A cerebral performance category score of 1 or 2 (range, 1–5).
HD1 was defined as cardiac arrest event occurring on hospital day 1, HD2–7 as event on days 2–7, and HD>7 as event after 1 week of hospitalization.
Regression adjusted for sex, age, and event location.
p value for adjusted odds ratio.
Discussion
This study defines the frequency and outcome of patients suffering from in-hospital cardiac arrests in relation to the hospital day of event and etiology of arrest. Specifically, as ventilation arrests increased, dysrhythmic arrests decreased. In addition, survival to discharge is inversely proportional to the length of hospitalization prior to the cardiac arrest. This trend is likely a reflection of multiple factors related to patient characteristics, pre-arrest conditions, etiology of arrest, and complications of prolonged hospitalization. This trend has been noted in previous studies of rapid response teams that have found that late deterioration (>7 days after admission) is associated with a higher incidence of respiratory distress and worse outcomes.14,15 Few studies have evaluated time of day as a predictor of survival and have noted that survival rates for cardiac arrests during the night was lower than during the day.16–19
Factors which have been associated with death after in-hospital arrest include pre-arrest morbidity, specifically, with clinical diagnoses of sepsis, renal failure, and cancer. Not surprisingly, average length of hospitalization is longest for each of these diagnoses.20–24 In 2009–2010, the average length of hospitalization for septicemia, cancer, and kidney disease was 9.3 days, 6.4 days, and 6.2 days, respectively, for the age group of 65–74 years.25 The worst survival outcome in our cohort is found in the group with the longest hospitalization prior to the arrest which likely has a higher population of patients with these co-morbidities.

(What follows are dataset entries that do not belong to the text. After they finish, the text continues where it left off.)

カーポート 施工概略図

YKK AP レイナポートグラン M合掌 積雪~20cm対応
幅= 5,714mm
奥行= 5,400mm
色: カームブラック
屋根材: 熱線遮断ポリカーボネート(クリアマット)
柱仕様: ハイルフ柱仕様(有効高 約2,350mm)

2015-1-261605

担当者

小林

Several studies have identified parameters predictive of a favorable outcome in patients with in-hospital cardiac arrests and found that VF/VT arrests have been consistently shown to have better outcomes compared to non-VF/VT rhythms.1,4,26 This finding is confirmed by the better outcomes in our patients in the first hospital day group, which has the highest percentage of arrests with a shockable dysrhythmia. Carr et al. studied early cardiac arrest in patients hospitalized with pneumonia and found that the majority of patients had an arrhythmia in the absence of concurrent hypotension or respiratory distress.27 However, their group found that the most common initial arrest rhythms were PEA and a systole and not shockable rhythms. Although this finding is not reflective of the higher proportion of VF/VT in our HD1 group, some episodes of PEA or a systole that were found may represent late detection of pulselessness and subsequent degeneration from a shockable arrest rhythm.28 The absence of respiratory distress is consistent with our data in that lower rates of cardiac arrest due to ventilation were found in the first two hospital day groups.

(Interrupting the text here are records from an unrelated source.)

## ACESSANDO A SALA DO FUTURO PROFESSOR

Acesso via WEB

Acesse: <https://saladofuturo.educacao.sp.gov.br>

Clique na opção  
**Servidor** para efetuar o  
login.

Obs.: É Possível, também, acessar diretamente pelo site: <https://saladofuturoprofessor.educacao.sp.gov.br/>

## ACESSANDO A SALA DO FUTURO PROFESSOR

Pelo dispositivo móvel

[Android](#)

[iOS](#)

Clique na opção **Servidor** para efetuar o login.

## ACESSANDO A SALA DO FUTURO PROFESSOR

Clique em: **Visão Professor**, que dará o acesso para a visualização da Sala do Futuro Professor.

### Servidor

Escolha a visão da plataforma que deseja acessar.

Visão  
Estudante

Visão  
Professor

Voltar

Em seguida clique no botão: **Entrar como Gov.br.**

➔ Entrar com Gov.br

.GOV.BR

Our findings should be interpreted in light of the following potential limitations. This study suffers from a low sample size in some subgroups, which increases the risk of type II errors. The study was performed at a single, academic institution, and the results of the paper may not be generalizable for other institutions. A cause–effect relationship between hospital day and etiology of arrest cannot be inferred due to the nature of our study design. Measures of severity of illness and complexity of co-morbidity are not provided. In addition, CPC score was not evaluated on admission which may have led to an underestimation of favorable neurological outcome (i.e., categorizing patients with no change in neurological status from admission to discharge as having a poor neurological outcome).

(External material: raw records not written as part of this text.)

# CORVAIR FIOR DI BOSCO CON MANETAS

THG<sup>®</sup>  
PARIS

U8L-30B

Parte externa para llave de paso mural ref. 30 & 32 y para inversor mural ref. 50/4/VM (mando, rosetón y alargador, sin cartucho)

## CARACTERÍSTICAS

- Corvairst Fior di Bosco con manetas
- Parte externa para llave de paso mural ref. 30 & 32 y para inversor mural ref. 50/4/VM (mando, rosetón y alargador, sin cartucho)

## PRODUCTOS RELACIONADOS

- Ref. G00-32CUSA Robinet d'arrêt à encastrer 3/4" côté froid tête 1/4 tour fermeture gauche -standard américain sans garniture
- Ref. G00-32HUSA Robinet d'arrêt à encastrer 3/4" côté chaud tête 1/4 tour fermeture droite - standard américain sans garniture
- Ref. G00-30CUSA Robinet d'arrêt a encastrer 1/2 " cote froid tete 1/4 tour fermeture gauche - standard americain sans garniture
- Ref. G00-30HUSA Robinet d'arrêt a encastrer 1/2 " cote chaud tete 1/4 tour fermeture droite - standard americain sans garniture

Lastly, the observation that return of spontaneous circulation is not affected by hospital day is important. In large part, at UCSD, ART has improved immediate success rates with cardiac arrest. ART relies heavily on early recognition and prevention and has an active rapid response system. In 2012–13 the RRT rate was 31.4 events/1000 patient discharges and just over 50% of those patients are transferred to a higher level of care as a result of the rapid response. We are unable to examine the impact of rapid response on day of arrest, but have shown a decrease in incidence with our system.11 On a national level, both survival and neurological outcomes after in-hospital cardiac arrest have improved over the last decade, likely due to earlier recognition and improved resuscitation care. Cardiac arrests can be avoided with early recognition and should be part of protocols implemented in order to intervene at earlier clinical time points before progression to a cardiac arrest.29,30 Considering that the morbidity associated with cardiac arrests is high, a resuscitation program geared toward early detection of deterioration is crucial in avoiding preventable arrests.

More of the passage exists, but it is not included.